- REQUIRED ACTION -
Copy every entry word for word, but skip the pictures.

- Data entries -

-----

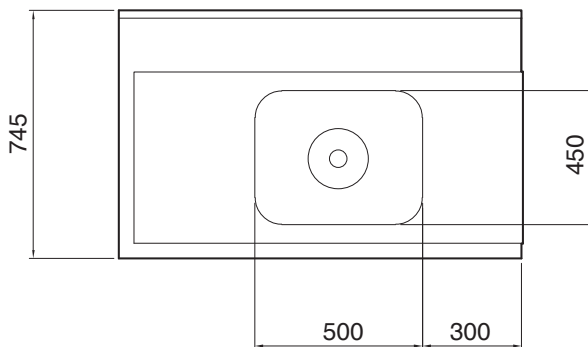

Movimentazione Stoviglie Tavolo di prelavaggio con vasca 500x400 mm e filtro, per lavastoviglie a capottina, 1200mm

ARTICOLO N° _____

MODELLO N° _____

NOME _____

SIS # _____

AIA # _____

865329 (PTSBHT12L)

Tavolo di prelavaggio con
vasca 500x400 mm e filtro,
per lavastoviglie a capottina,
sinistra vs. destra, 1200 mm

Descrizione

Articolo N°

Per lavastoviglie a capottina. Costruito in acciaio inox 304 AISI. Altezza paraspruzzi 250 mm. N. 2 gambe tubolari a sezione quadrata 40x40 mm su piedini regolabili. Dimensione vasca 500x400x300h mm con tubo troppo pieno e foro di scarico. Direzione cestello: da sinistra a destra.

Costruzione

- Piedini da 50 mm regolabili in altezza per garantire un perfetto allineamento e connessione con gli elementi della zona lavaggio.
- Alzatina inclusa.
- Piani completamente piegati con profilo anti-gocciolamento per una pulizia facile e sicura.
- Tutte le superfici lisce con finitura lucida.
- Gambe quadrate in tubolari da 40x40 mm in acciaio inox AISI 304.
- Interamente in acciaio inox AISI 304.
- [NOT TRANSLATED]

Approvazione: _____

Fronte

Lato

Alto

Informazioni chiave

| | |
|---------------------------------|--------------|
| Dimensioni esterne, larghezza: | 1200 mm |
| 865329 (PTSBHT12L) | |
| Dimensioni esterne, profondità: | 745 mm |
| Dimensioni esterne, altezza: | 1170 mm |
| Peso netto: | 10 kg |
| Dimensioni alzatina, Altezza | 300 mm |
| Dimensioni vasca | 500x400x300h |

-----

- ANSWER -
Movimentazione Stoviglie Tavolo di prelavaggio con vasca 500x400 mm e filtro, per lavastoviglie a capottina, 1200mm

ARTICOLO N° _____

MODELLO N° _____

NOME _____

SIS # _____

AIA # _____

865329 (PTSBHT12L)

Tavolo di prelavaggio con
vasca 500x400 mm e filtro,
per lavastoviglie a capottina,
sinistra vs. destra, 1200 mm

Descrizione

Articolo N°

Per lavastoviglie a capottina. Costruito in acciaio inox 304 AISI. Altezza paraspruzzi 250 mm. N. 2 gambe tubolari a sezione quadrata 40x40 mm su piedini regolabili. Dimensione vasca 500x400x300h mm con tubo troppo pieno e foro di scarico. Direzione cestello: da sinistra a destra.

Costruzione

- Piedini da 50 mm regolabili in altezza per garantire un perfetto allineamento e connessione con gli elementi della zona lavaggio.
- Alzatina inclusa.
- Piani completamente piegati con profilo anti-gocciolamento per una pulizia facile e sicura.
- Tutte le superfici lisce con finitura lucida.
- Gambe quadrate in tubolari da 40x40 mm in acciaio inox AISI 304.
- Interamente in acciaio inox AISI 304.
- [NOT TRANSLATED]

Approvazione: _____

Fronte

Lato

Alto

Informazioni chiave

| | |
|---------------------------------|--------------|
| Dimensioni esterne, larghezza: | 1200 mm |
| 865329 (PTSBHT12L) | |
| Dimensioni esterne, profondità: | 745 mm |
| Dimensioni esterne, altezza: | 1170 mm |
| Peso netto: | 10 kg |
| Dimensioni alzatina, Altezza | 300 mm |
| Dimensioni vasca | 500x400x300h |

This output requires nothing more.